Search the material for the string "Podpory" and reply with how many lines contain it, nothing else.

Material for the task:
★ ★ ★ ★ ★ ★ ★

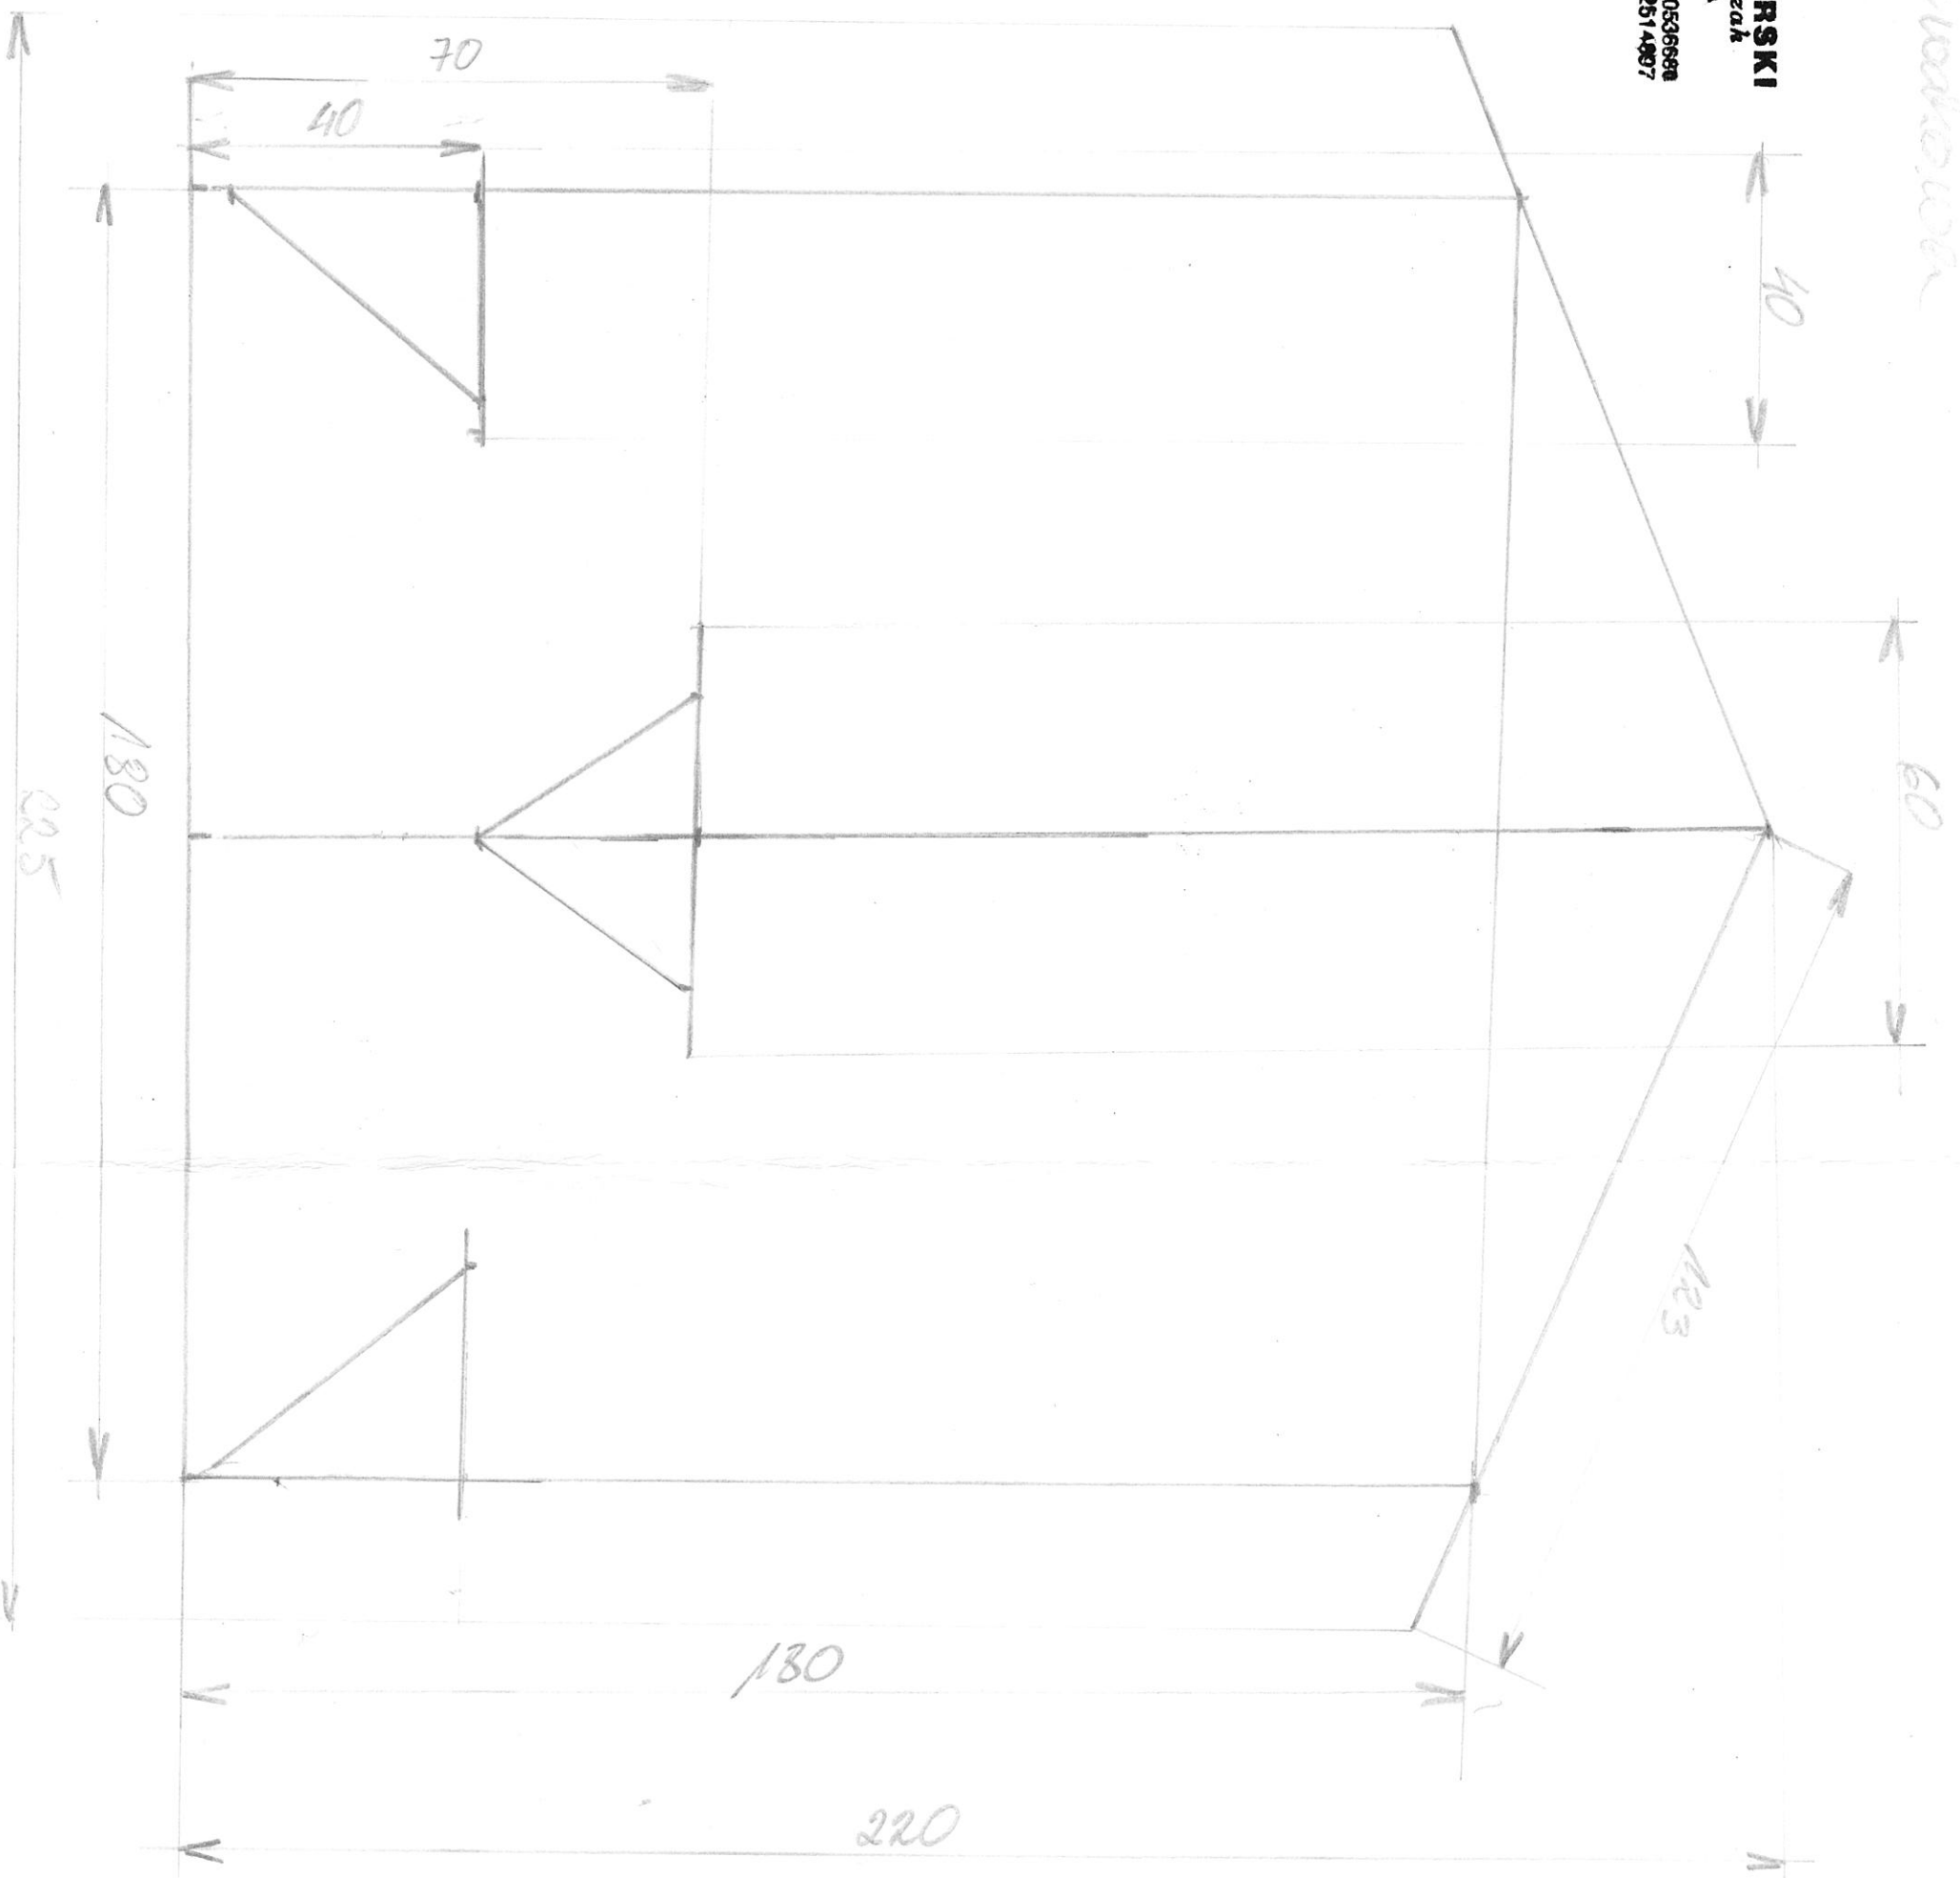

sta biurobiurowa

ZAKŁAD STOLARSKI
Eugeniusz Szymczak
Dobrzyca ul. P.M. 29 A
84-960 Szymbarko
NIP 784-000-43-70 Regon 570536698
tel. (67) 212-87-98 kofn. 502614987

Skala 1:10

Materiał - poszerzenie
asumiowanie

Moduły o dt. 300 cm

1. Stopy 12 x 12 cm
  wysk. 180 cm x 4 szt
2. Stopy poziome 12 x 12 cm
  wysk. 220 cm x 2 szt
3. Nogi 6 cm x 12 cm
  dt. 180 x 4 szt
4. Kołnice 6 cm x 14 cm
  dt. 183 cm x 8 szt
5. listwy podścielnicowe
  6 cm x 12 cm dt. 300 cm
  x 3 szt,
6. Podpory blatn stołu
  5 cm x 8 cm x 4 szt
7. Rozpiętki stołu
  5 cm x 8 cm x 40 cm - 8 szt
8. listwy stołu i średnic
  4 cm x 14 cm x 300 cm - 10 szt
9. Rozpiętki średnic 40 cm x 5 cm
  8 szt
10. Podpory średnic 5 cm x 8 cm
  8 szt

★ ★ ★ ★ ★ ★ ★

Your solution:
2